Work task
Show each line of the records below where the word "ambalajului" occurs.

Data for this exercise below:

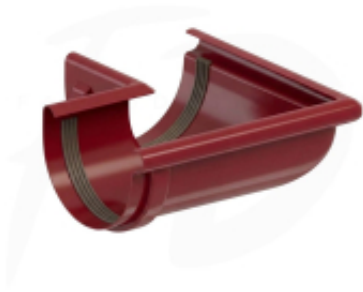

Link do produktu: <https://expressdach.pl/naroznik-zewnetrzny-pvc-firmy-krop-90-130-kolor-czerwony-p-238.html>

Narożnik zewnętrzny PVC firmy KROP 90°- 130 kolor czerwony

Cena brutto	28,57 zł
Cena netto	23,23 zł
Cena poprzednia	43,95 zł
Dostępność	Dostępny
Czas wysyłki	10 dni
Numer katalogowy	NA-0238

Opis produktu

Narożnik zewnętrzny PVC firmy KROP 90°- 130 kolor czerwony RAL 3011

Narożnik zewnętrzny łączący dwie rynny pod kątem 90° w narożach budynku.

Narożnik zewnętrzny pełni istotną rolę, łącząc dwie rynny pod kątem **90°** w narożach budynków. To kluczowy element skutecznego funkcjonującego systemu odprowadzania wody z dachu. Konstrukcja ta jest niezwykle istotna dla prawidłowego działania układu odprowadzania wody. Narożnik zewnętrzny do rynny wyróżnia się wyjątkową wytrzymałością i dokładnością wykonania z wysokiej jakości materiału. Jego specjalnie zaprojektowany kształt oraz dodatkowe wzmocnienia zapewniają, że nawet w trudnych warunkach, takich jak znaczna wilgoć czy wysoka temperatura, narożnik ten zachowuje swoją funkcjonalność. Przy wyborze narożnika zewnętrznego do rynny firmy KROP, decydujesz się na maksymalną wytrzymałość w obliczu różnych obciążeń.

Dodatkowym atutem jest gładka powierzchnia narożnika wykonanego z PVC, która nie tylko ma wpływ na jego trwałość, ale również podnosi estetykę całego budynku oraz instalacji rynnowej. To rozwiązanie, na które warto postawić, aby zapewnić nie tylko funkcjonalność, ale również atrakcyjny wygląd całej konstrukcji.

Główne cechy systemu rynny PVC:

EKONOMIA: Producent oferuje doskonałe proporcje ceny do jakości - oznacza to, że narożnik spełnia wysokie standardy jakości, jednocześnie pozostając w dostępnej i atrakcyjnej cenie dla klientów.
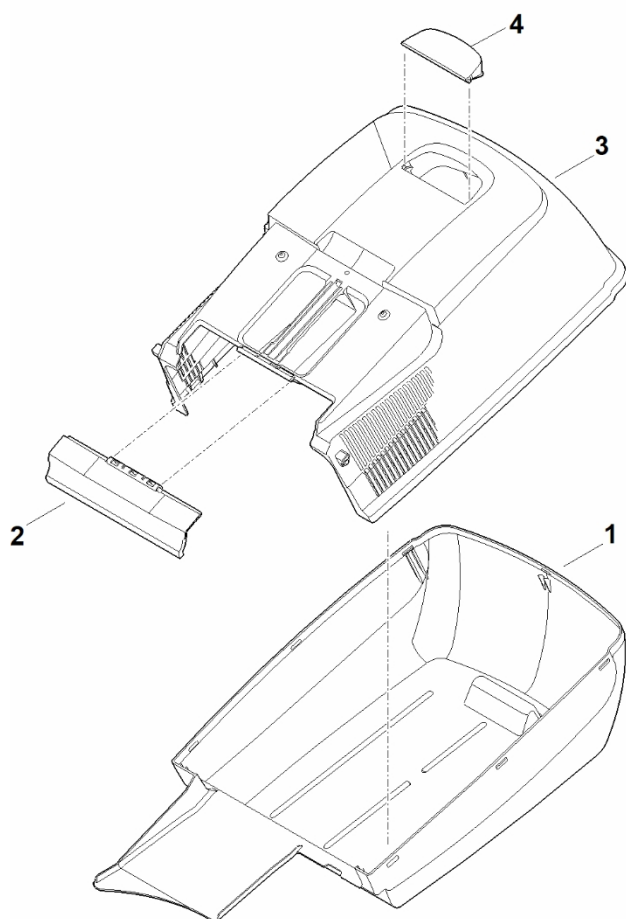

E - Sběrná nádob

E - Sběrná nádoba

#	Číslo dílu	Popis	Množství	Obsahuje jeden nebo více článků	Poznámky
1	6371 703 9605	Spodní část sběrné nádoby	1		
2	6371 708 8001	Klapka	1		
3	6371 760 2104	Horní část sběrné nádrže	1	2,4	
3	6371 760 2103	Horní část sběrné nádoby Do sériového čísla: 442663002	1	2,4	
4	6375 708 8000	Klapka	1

End of Data for this exercise.
Data for this exercise below:

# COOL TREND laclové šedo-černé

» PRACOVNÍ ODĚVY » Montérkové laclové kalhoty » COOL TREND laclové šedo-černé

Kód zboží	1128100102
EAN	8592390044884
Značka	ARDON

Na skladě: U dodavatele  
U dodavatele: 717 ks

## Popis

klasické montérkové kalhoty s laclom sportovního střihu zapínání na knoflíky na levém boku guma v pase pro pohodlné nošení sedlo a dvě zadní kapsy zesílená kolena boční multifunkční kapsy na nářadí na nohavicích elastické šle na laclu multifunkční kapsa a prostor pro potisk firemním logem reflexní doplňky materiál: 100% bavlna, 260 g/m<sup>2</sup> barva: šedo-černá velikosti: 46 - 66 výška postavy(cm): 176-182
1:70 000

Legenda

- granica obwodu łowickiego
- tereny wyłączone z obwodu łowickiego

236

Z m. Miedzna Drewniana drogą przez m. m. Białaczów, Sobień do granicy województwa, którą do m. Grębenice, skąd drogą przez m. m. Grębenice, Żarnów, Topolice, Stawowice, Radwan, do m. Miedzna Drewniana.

End of Data for this exercise.
Data for this exercise below:

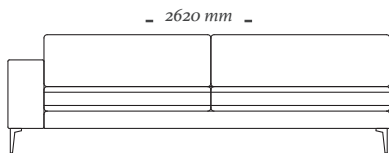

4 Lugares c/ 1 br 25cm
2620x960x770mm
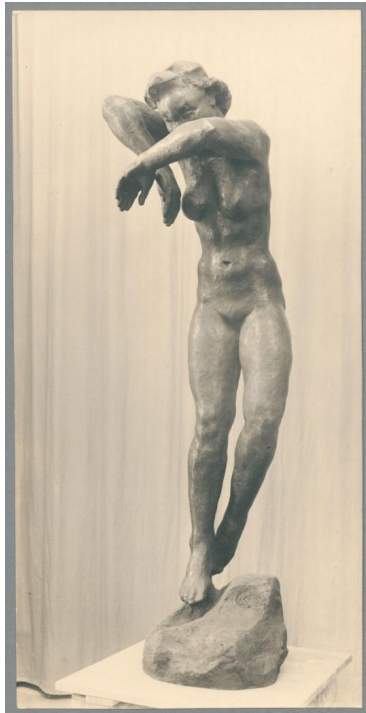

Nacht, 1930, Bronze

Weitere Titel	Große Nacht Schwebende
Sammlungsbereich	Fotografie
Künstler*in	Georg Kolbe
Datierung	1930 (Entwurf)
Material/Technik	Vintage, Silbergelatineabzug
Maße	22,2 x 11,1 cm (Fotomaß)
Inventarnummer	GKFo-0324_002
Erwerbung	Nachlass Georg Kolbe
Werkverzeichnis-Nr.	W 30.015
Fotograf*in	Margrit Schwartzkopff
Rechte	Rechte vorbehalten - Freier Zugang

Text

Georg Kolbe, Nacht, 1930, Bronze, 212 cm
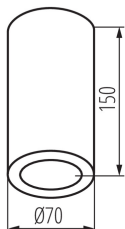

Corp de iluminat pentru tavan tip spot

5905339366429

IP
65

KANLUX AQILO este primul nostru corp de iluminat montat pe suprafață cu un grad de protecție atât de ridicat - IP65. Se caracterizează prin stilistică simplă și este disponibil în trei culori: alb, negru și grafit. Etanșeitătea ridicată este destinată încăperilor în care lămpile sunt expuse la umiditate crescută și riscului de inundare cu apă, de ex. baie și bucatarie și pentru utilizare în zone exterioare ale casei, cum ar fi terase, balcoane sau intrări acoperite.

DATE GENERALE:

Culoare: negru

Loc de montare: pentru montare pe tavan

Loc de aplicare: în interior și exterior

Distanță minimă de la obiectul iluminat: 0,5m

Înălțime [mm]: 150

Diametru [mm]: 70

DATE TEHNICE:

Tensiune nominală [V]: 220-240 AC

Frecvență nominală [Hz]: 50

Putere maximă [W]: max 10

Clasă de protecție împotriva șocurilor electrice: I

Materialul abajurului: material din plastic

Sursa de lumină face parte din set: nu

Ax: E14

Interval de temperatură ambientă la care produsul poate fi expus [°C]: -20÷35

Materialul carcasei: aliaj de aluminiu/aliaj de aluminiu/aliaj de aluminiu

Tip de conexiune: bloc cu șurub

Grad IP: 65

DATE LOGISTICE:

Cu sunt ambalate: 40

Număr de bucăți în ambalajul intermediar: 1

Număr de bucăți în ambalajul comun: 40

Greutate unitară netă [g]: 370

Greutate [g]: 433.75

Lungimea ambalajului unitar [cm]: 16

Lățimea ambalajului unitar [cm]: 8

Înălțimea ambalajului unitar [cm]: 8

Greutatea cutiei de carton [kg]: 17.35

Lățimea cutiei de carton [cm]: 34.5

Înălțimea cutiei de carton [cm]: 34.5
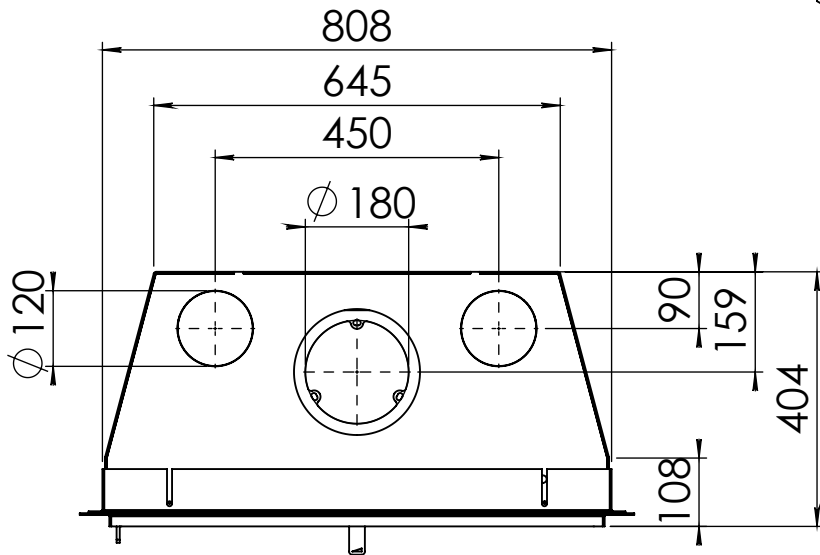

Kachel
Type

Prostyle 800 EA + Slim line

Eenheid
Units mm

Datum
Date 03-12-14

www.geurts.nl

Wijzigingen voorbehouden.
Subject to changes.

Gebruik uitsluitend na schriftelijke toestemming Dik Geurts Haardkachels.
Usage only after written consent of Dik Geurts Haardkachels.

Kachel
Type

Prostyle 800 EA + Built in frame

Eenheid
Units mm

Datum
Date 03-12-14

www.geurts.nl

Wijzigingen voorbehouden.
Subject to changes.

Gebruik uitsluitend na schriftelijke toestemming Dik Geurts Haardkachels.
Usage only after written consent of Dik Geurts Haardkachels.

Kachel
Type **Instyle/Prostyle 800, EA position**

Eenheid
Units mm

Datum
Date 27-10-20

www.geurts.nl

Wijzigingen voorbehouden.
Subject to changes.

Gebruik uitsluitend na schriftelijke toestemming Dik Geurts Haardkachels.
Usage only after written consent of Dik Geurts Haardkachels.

End of Data for this exercise.

Exercise result
Lungimea ambalajului unitar [cm]: 16
Lățimea ambalajului unitar [cm]: 8
Înălțimea ambalajului unitar [cm]: 8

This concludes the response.